YTL is looking to position Starhill REIT as a pure Hospitality play, while Starhill Global REIT will be a Retail play.

Starhill Global REIT is around 29% owned by YTL Corporation. This is an extract from the announcement to Bursa Malaysia:

The Proposed Rationalisation will enable Starhill REIT to concentrate on the acquisition of the prime hotel properties located both in Malaysia and internationally, in areas including Phuket, Bali, Saint Tropez and other global destinations, subject to attractive valuations which will provide yield accretive returns to the unitholders of Starhill REIT. The hospitality assets that have been identified for potential injection into the Trust would expand Starhill REIT’s portfolio to approximately RM1.6 billion.
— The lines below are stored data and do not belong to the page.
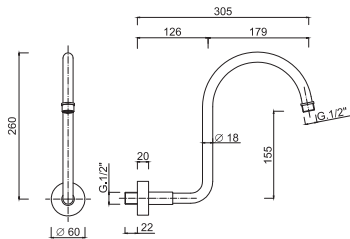

Braccio doccia in ottone
Brass shower arm.
Bras de douche en laiton.
Wandarm aus Messing.
Braço de ducha a pared en latón.
Держатель для душевой лейки из латуни

Articolo	Note	CROMO	NO	BR - AR	O
1757					

1762-10
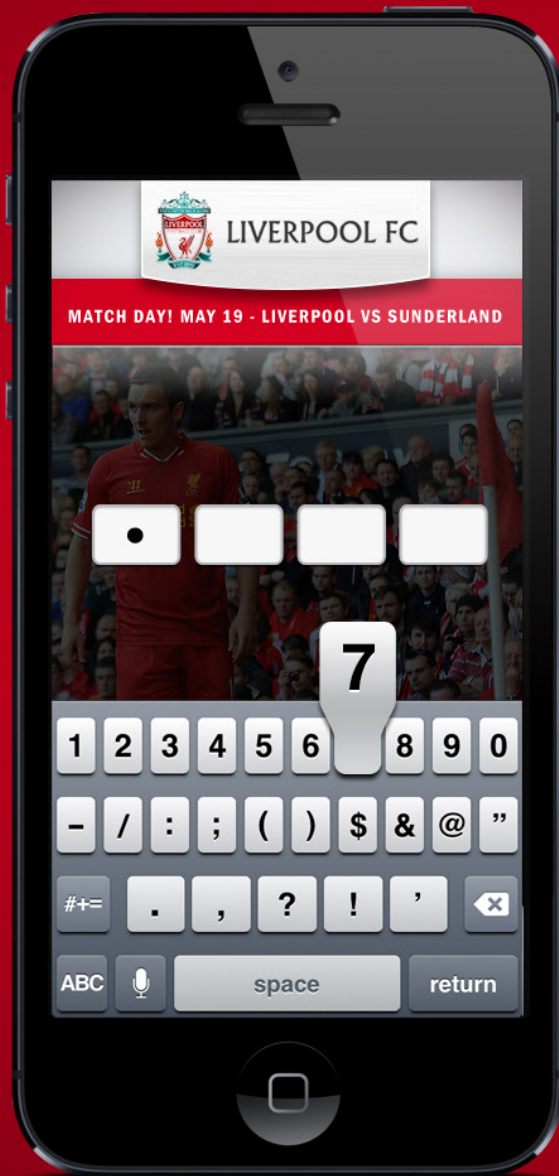

LIVERPOOL FC

MATCH DAY! MAY 19 - LIVERPOOL VS SUNDERLAND
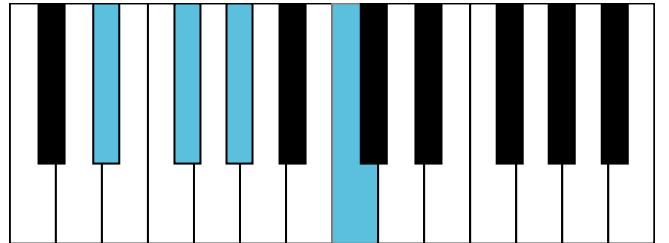

c#和声小调 音阶 & 终止式左手

c#和声小调 终止式右手-1

c#和声小调 终止式右手-2

c#和声小调 终止式右手-3

c#和声小调 终止式右手-4 & 主三和弦琶音

c#和声小调 减七和弦

B大调 音阶 & 终止式左手

B大调 终止式右手-1
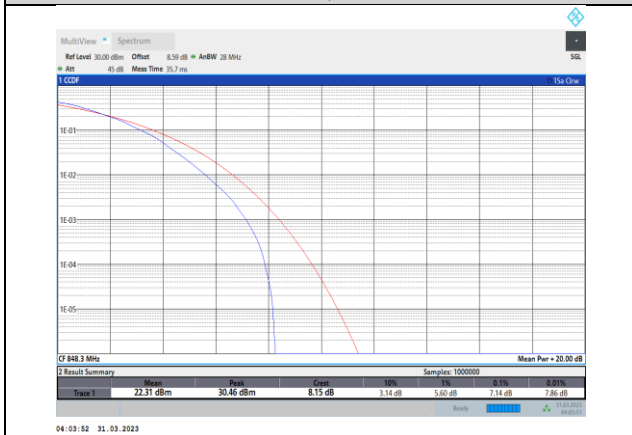

Band5-1.4MHz-16QAM-20643-6RB#0

Band5-1.4MHz-64QAM-20407-6RB#0

Band5-3MHz-QPSK-20415-15RB#0

Band5-1.4MHz-64QAM-20525-6RB#0

Band5-3MHz-QPSK-20525-15RB#0

Band5-1.4MHz-64QAM-20643-6RB#0

Band5-3MHz-QPSK-20635-15RB#0
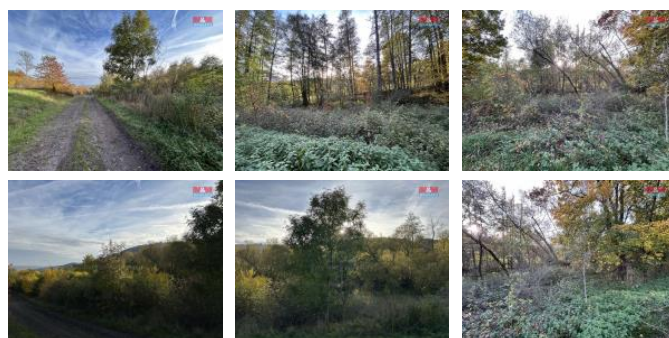

K prodeji, pozemky - les

íslo inzerátu (ID): 4287749 Datum vydání: 07.03.2025

Cena za nemovitost:

460 500 K

Lokalita:
Louny

Nabízíme k prodeji pozemek o rozloze 2132 m², vedený na katastru jako trvalý travnatý porost, v katastrálním území Vrbi ka. Pozemek je kousek od obce, což zajiš uje klidné prostředí. Na pozemku se nachází k oviny a vzrostlé stromy, které poskytují p írodní stín. K pozemku vede polní cesta. Pozemek je vhodný i ke sm n s lesy eské republiky jelikož okolní pozemky vlastní eské lesy. Neváhejte nás kontaktovat pro více informací.

ID inzerátu ESO:	4287749
Inzerát aktualizován:	07.03.2025
Inzerát vydán:	24.10.2024
ID zakázky v RK:	900889319
Stav:	Dobrý
Vlastnictví:	Osobní
Plocha pozemku:	2132 m ²
Kód zakázky:	889319

KONTAKTNÍ ÚDAJE:

The Heads of Agreement between vendor & purchaser provides for a proposed sale price of RM629 million and RM401 million for Starhill Gallery and Lot 10 respectively to be satisfied by cash and/or Convertible Preference Shares in Starhill Global REIT. The selling prices are pretty near current book value. This is what the Manager says:

The adjusted net book value of the Properties based on the audited financial statements as at 30 June 2009 and after adjusting for the value of 42% or 490 of the existing car park bays in Starhill Gallery to be retained by J.W. Marriott Hotel Kuala Lumpur is RM1,055.5 million. Accordingly, on completion of the Proposed Disposal, Starhill REIT is expected to realise a net loss on disposal of RM25.5 million for the financial year ending 30 June 2010. The original cost of investment of Starhill Gallery and the Lot 10 Property by Starhill REIT was RM480.0 million and RM341.0 million, respectively. Starhill REIT completed the acquisition of the Properties on 16 December 2005 on the listing of Starhill REIT on the Main Board of Bursa Malaysia Securities Berhad. The Proposed Disposal will unlock the value of the Properties as it is expected to realise an estimated distributable income of RM228.9 million for the financial year ending 30 June 2010.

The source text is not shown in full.